Journal of Immunology | 2011
Kevin S. Goudy; Mark C. Johnson; Alaina L. Garland; Chengwen Li; R. Jude Samulski; Bo Wang; Roland Tisch
IL-2 and TGF-β1 play key roles in the immunobiology of Foxp3-expressing CD25+CD4+ T cells (Foxp3+Treg). Administration of these cytokines offers an appealing approach to manipulate the Foxp3+Treg pool and treat T cell-mediated autoimmunity such as type 1 diabetes. However, efficacy of cytokine treatment is dependent on the mode of application, and the potent pleiotropic effects of cytokines like IL-2 may lead to severe side effects.

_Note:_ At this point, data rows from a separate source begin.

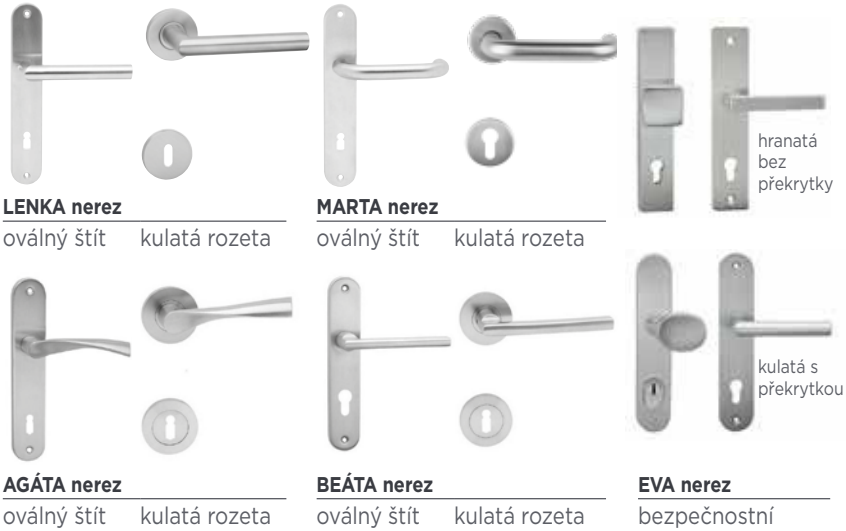

WC zámeček

MUŠLE OVÁLNÁ chrom

MUŠLE MINIMAL SNI

MUŠLE MINIMAL SNI

MUŠLE MINIMAL Tin-K

MUŠLE MINIMAL Tin-K

MUŠLE DOORNITE HRANATÁ nerez

MUŠLE DOORNITE HRANATÁ černá

úchyt v hraně dveří (prstýnek) dle povrchu mušle

chrom (k oválné mušlí)

nerez (k hranaté mušlí Doornite)

SNI (k Entero a Minimal SNI)

Tin-K (k černé mušlí Minimal Tin-K a k hranaté černé mušlí Doornite)

tichý doraz do garnýže

kartáček pro 1kř./2kř. dveře

MUŠLE DOORNITE HRANATÁ S OVÁLNÝM OTVOREM nerez

MUŠLE DOORNITE HRANATÁ S OVÁLNÝM OTVOREM nerez WC

KOVÁNÍ

KLIKY DOORNITE

KLIKY NEREZ

KLIKY SNI

KLIKY TIN-K

PANTY

KLIKY

CHROM

ROZETY

BEZPEČNOSTNÍ KOVÁNÍ

Pozn: U bezpečnostního kování je třeba určit orientaci levá/pravá.

SKLA

PRODEJCE
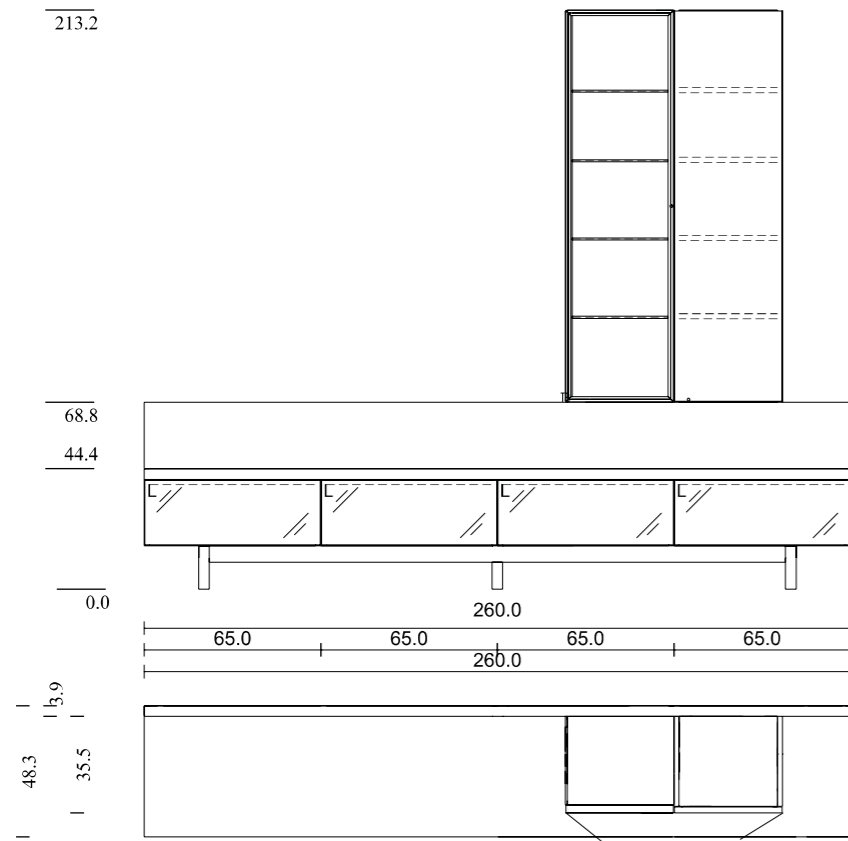

TEAM7

parete attrezzata cubus

CWW 114B

In the current study, we used a gene therapy-based approach to assess the efficacy of recombinant adeno-associated virus vectors expressing inducible IL-2 or TGF-β1 transgenes to suppress ongoing β cell autoimmunity in NOD mice. Intramuscular vaccination of recombinant adeno-associated virus to 10-wk-old NOD female mice and a subsequent 3 wk induction of IL-2 was sufficient to prevent diabetes and block the progression of insulitis. Protection correlated with an increased frequency of Foxp3+Treg in the periphery as well as in the draining pancreatic lymph nodes and islets. IL-2 induced a shift in the ratio favoring Foxp3+Treg versus IFN-γ–expressing T cells infiltrating the islets. Induction of IL-2 had no systemic effect on the frequency or activational status of T cells and NK cells. Induction of TGF-β1 had no effect on the Foxp3+Treg pool or the progression of β cell autoimmunity despite induced systemic levels of activated TGF-β1 that were comparable to IL-2. These results demonstrate that inducible IL-2 gene therapy is an effective and safe approach to manipulate Foxp3+Treg and suppress T cell-mediated autoimmunity and that under the conditions employed, IL-2 is more potent than TGF-β1.